Adding the two equations eliminates 'm':

(6m - 5n) + (-6m - 6n) = 14 + 30
-11n = 44

Dividing both sides by -11, we find:

n = -4

Now that we have the value of n, we can substitute it back into one of the original equations to find the value of m. Let's use the second equation:

2m + 2n = -10
2m + 2(-4) = -10
2m - 8 = -10

Adding 8 to both sides:

2m = -2

Dividing by 2:

m = -1

Thus, the ordered pair solution is (-1, -4). This methodical approach ensures we systematically eliminate one variable and solve for the other, leading us to the correct solution.
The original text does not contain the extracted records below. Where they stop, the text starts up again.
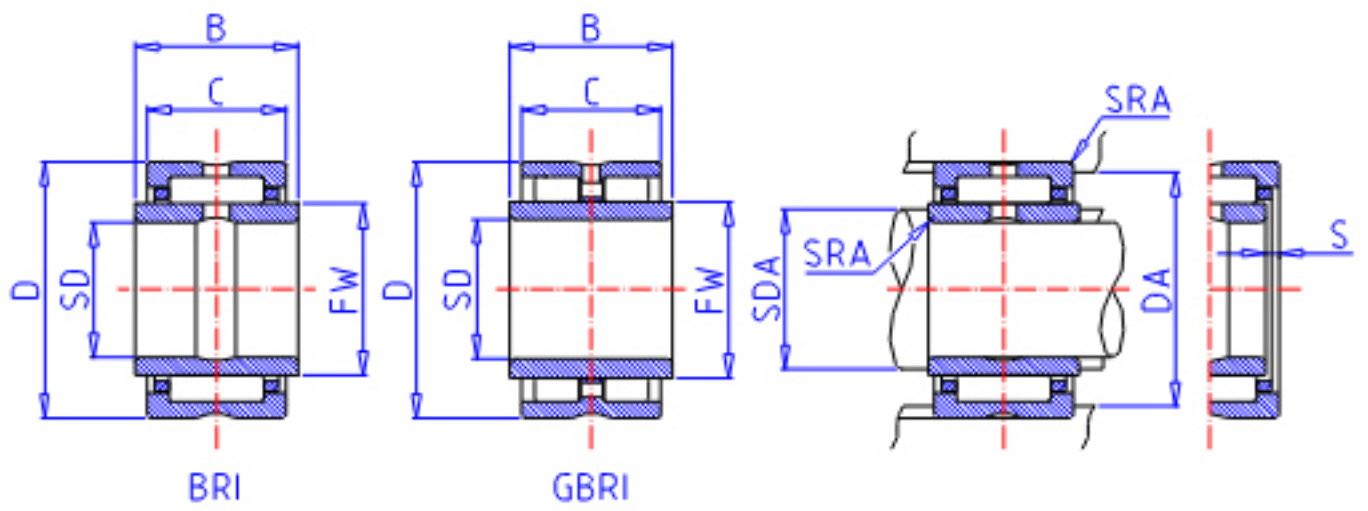

参考资料:<http://www.sozhou.com/p/b3a82aed.html>
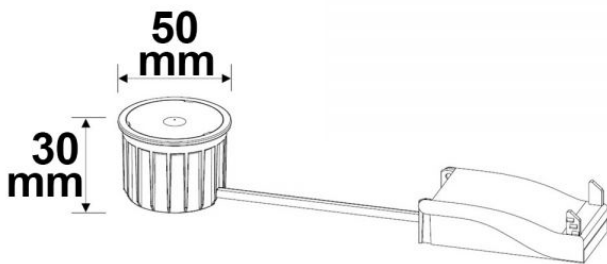

PRODUKT
DATENBLATT

ISOLED®

DE www.isoled.de
+49 228 30 43 89 85

AT www.isoled.at
+43 5372 219 999

CH www.isoled.ch
+41 44 787 04 75

LED SPOT GU10, 5W, 38°, 3000K, EXTERNE ANSCHLUSSBOX, DIMMBAR

ISOLED

ISOLED

114120   **38°**   **400lm**

1 m   1.169 lx   Ø 0,7 m

2 m   292 lx   Ø 1,4 m

3 m   130 lx   Ø 2,1 m
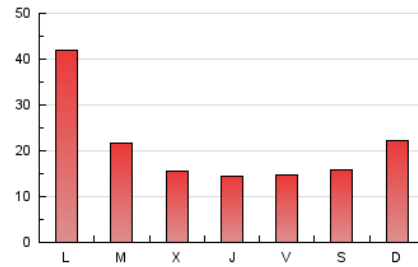

araandorra

1. Cifras totales y promedios (Nacional)

| MES - AÑO | NAVEGADORES UNICOS | VISITAS | PAGINAS |
|--------------------------------|--------------------|--------------|--------------|
| Abril - 2023 | 29.187 | 47.339 | 62.213 |
| PROMEDIO DIARIO | 1.444 | 1.578 | 2.074 |
| PROMEDIO LUNES-VIERNES | 1.524 | 1.660 | 2.165 |
| PROMEDIO SABADO-DOMINGO | 1.284 | 1.414 | 1.892 |
| PAGINAS / VISITAS | 1,31 | | |
| DURACION MEDIA VISITAS | 0:00:42 | | |
| DURACION MEDIA PAGINAS | 0:02:12 | | |

2. Secciones (Nacional)

| | PAGINAS | % |
|--------------|---------|---------|
| HOME | 6.496 | 10.44 % |
| RESTO | 55.717 | 89.56 % |

3. Por día del mes (Nacional)

| Día | N. únicos | Visitas | Páginas | Día | N. únicos | Visitas | Páginas | Día | N. únicos | Visitas | Páginas |
|-----------|-----------|---------|---------|-----------|-----------|---------|---------|-----------|-----------|---------|---------|
| 1 | 417 | 454 | 727 | 11 | 2.358 | 2.505 | 3.169 | 21 | 556 | 617 | 854 |
| 2 | 777 | 948 | 1.530 | 12 | 1.470 | 1.582 | 1.985 | 22 | 726 | 823 | 1.139 |
| 3 | 1.006 | 1.157 | 1.930 | 13 | 1.433 | 1.562 | 2.051 | 23 | 534 | 605 | 835 |
| 4 | 645 | 742 | 1.156 | 14 | 1.014 | 1.120 | 1.453 | 24 | 538 | 603 | 930 |
| 5 | 924 | 1.036 | 1.481 | 15 | 1.072 | 1.191 | 1.550 | 25 | 633 | 687 | 927 |
| 6 | 1.020 | 1.129 | 1.535 | 16 | 2.776 | 3.036 | 3.910 | 26 | 932 | 992 | 1.255 |
| 7 | 1.399 | 1.555 | 2.064 | 17 | 5.418 | 5.930 | 7.410 | 27 | 837 | 905 | 1.156 |
| 8 | 2.435 | 2.670 | 3.490 | 18 | 2.573 | 2.754 | 3.453 | 28 | 1.202 | 1.290 | 1.569 |
| 9 | 2.733 | 2.926 | 3.765 | 19 | 1.072 | 1.154 | 1.467 | 29 | 674 | 732 | 954 |
| 10 | 4.777 | 5.112 | 6.466 | 20 | 681 | 765 | 980 | 30 | 691 | 757 | 1.022 |

4. Gráficas (Nacional)

4.1 Por día de la semana (promedio)

N. únicos / Visitas (x 100)

Páginas (x 100)

4.2 Por franja horaria (promedio)

Visitas_ (x 1000)

Páginas (x 1000)

4.3 Por meses
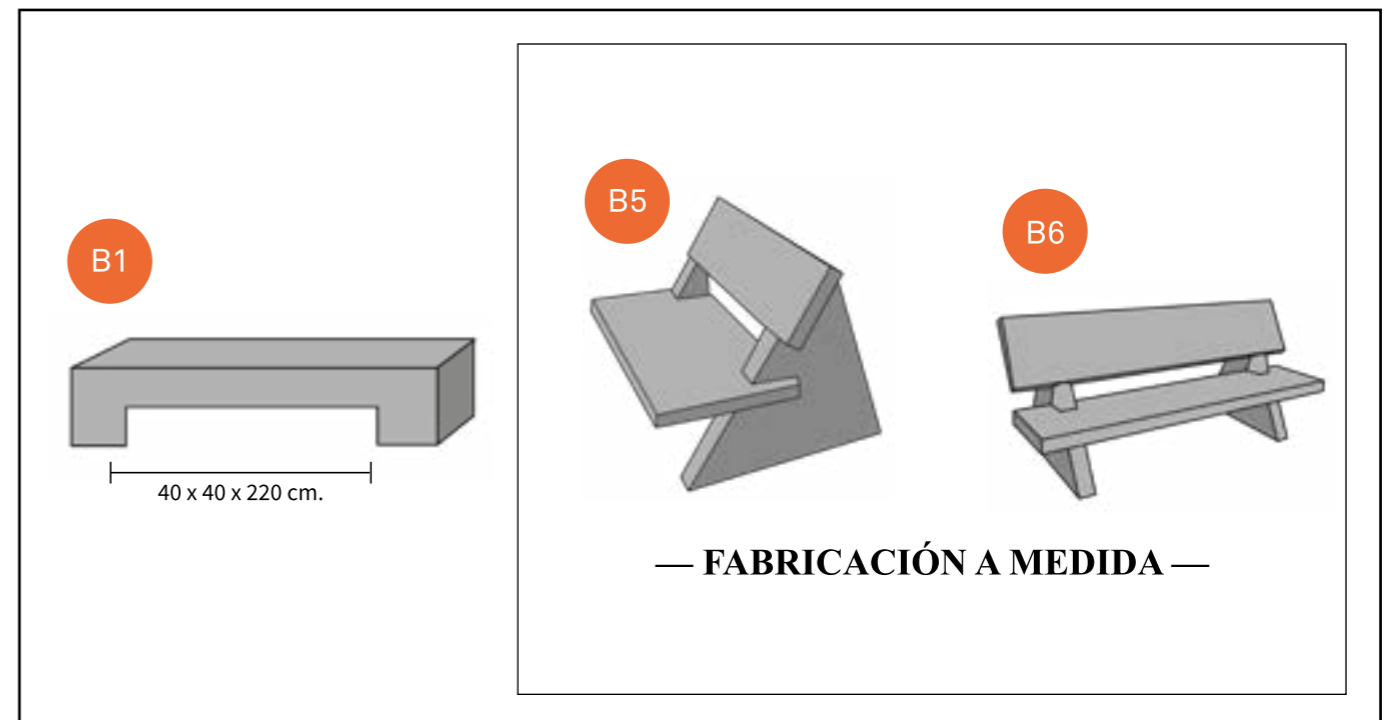

MOBILIARIO URBANO
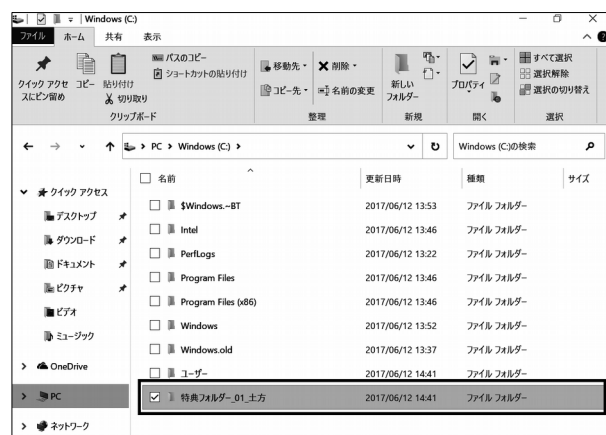

## ● 特典データの保存場所および設定について

● 特典データは、Windows (C:)ドライブ内  
「特典フォルダー\_数字\_キャラクターの氏名」フォルダーに保存されています。

● 初回起動時は、壁紙のみ特典データが設定されています。

すべてのテーマを利用するには、「テーマをインストールする」の設定を行う必要があります。

また、Windows を初期化した後も同様に設定を行う必要があります。

※ 初期化手順は、別添「はじめにお読みください」の「Windows の初期化方法」を参照してください。

## ● テーマをインストールする

このマニュアルでは例として、  
「特典フォルダー\_数字\_キャラクターの氏名」を使用して説明します。  
ご使用のモデルに合わせて、読み替えをお願いいたします。

1. [ Windows ] アイコンをロングタップし表示されるクイックアクセスメニューの [ エクスプローラー (E) ] をタップします。

2. 「エクスプローラー」画面が、表示されます。  
[ PC ] をタップします。

3. 「 PC 」画面が、表示されます。  
 [ Windows (C:) ] をダブルタップします。

4. 「 Windows (C:) 」画面が、表示されます。  
 「 特典フォルダー\_数字\_キャラクターの氏名 」フォルダをダブルタップします。

5. 「特典フォルダー\_数字\_キャラクターの氏名」フォルダ画面が、表示されます。

枠内、下から 2 ファイルが、テーマ設定用です。

6. 「特典フォルダー\_数字\_キャラクターの氏名」内の [ キャラクターの氏名\_横 ] をダブルタップします。
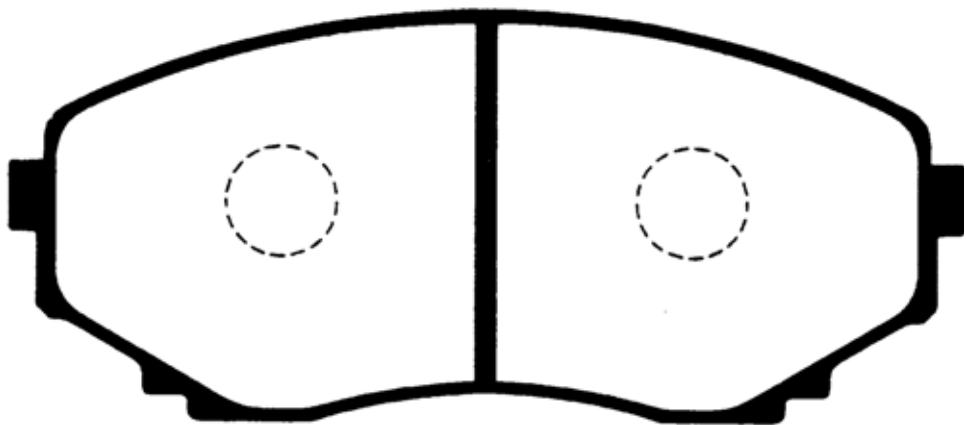

**F407**

原寸表示ではありません。

サイズ	Wide: 139.0mm	Front/Rear	FRONT
備考	LWEW/3W/5W (MPV)		
	SGEW/LW/5W (BONGO FRENDY)

Solving by Substitution Method

Alternatively, we can solve the system using the substitution method. This method involves solving one equation for one variable and substituting that expression into the other equation. Let's start with the second equation:

2m + 2n = -10

We can solve for m by first subtracting 2n from both sides:

2m = -10 - 2n

Then, divide by 2:

m = -5 - n

Now, substitute this expression for m into the first equation:

6m - 5n = 14
6(-5 - n) - 5n = 14

Distribute the 6:

-30 - 6n - 5n = 14

Combine like terms:

-11n = 44

Divide by -11:

n = -4

Substitute n = -4 back into the expression for m:

m = -5 - n
m = -5 - (-4)
m = -5 + 4
m = -1

Again, we find that the ordered pair solution is (-1, -4). The substitution method provides a different pathway to the same solution, reinforcing the correctness of our answer.

Verifying the Solution

To ensure the accuracy of our solution, it is crucial to verify the ordered pair (-1, -4) by substituting it back into both original equations. Let's start with the first equation:

6m - 5n = 14

Substitute m = -1 and n = -4:

6(-1) - 5(-4) = 14
-6 + 20 = 14
14 = 14

The first equation is satisfied. Now, let's check the second equation:

2m + 2n = -10

Substitute m = -1 and n = -4:

2(-1) + 2(-4) = -10
-2 - 8 = -10
-10 = -10

The second equation is also satisfied. Since the ordered pair (-1, -4) satisfies both equations, we have verified that it is indeed the correct solution to the system of linear equations. This step is an essential part of the problem-solving process, as it helps to catch any potential errors and ensures the reliability of the final answer.

Conclusion

In conclusion, we have successfully solved the given system of linear equations using both the elimination and substitution methods. The ordered pair that satisfies the system

6m - 5n = 14
2m + 2n = -10

is (-1, -4). We verified this solution by substituting the values of m and n back into both original equations, confirming that they hold true. This problem illustrates the importance of understanding and applying different methods for solving systems of linear equations. Whether using elimination, substitution, or other techniques, the key is to carefully execute each step and verify the solution to ensure accuracy. Mastering these skills is fundamental for success in algebra and beyond, as systems of equations arise in numerous applications across mathematics, science, and engineering. The ability to confidently solve these systems equips individuals with a powerful tool for problem-solving and analytical thinking.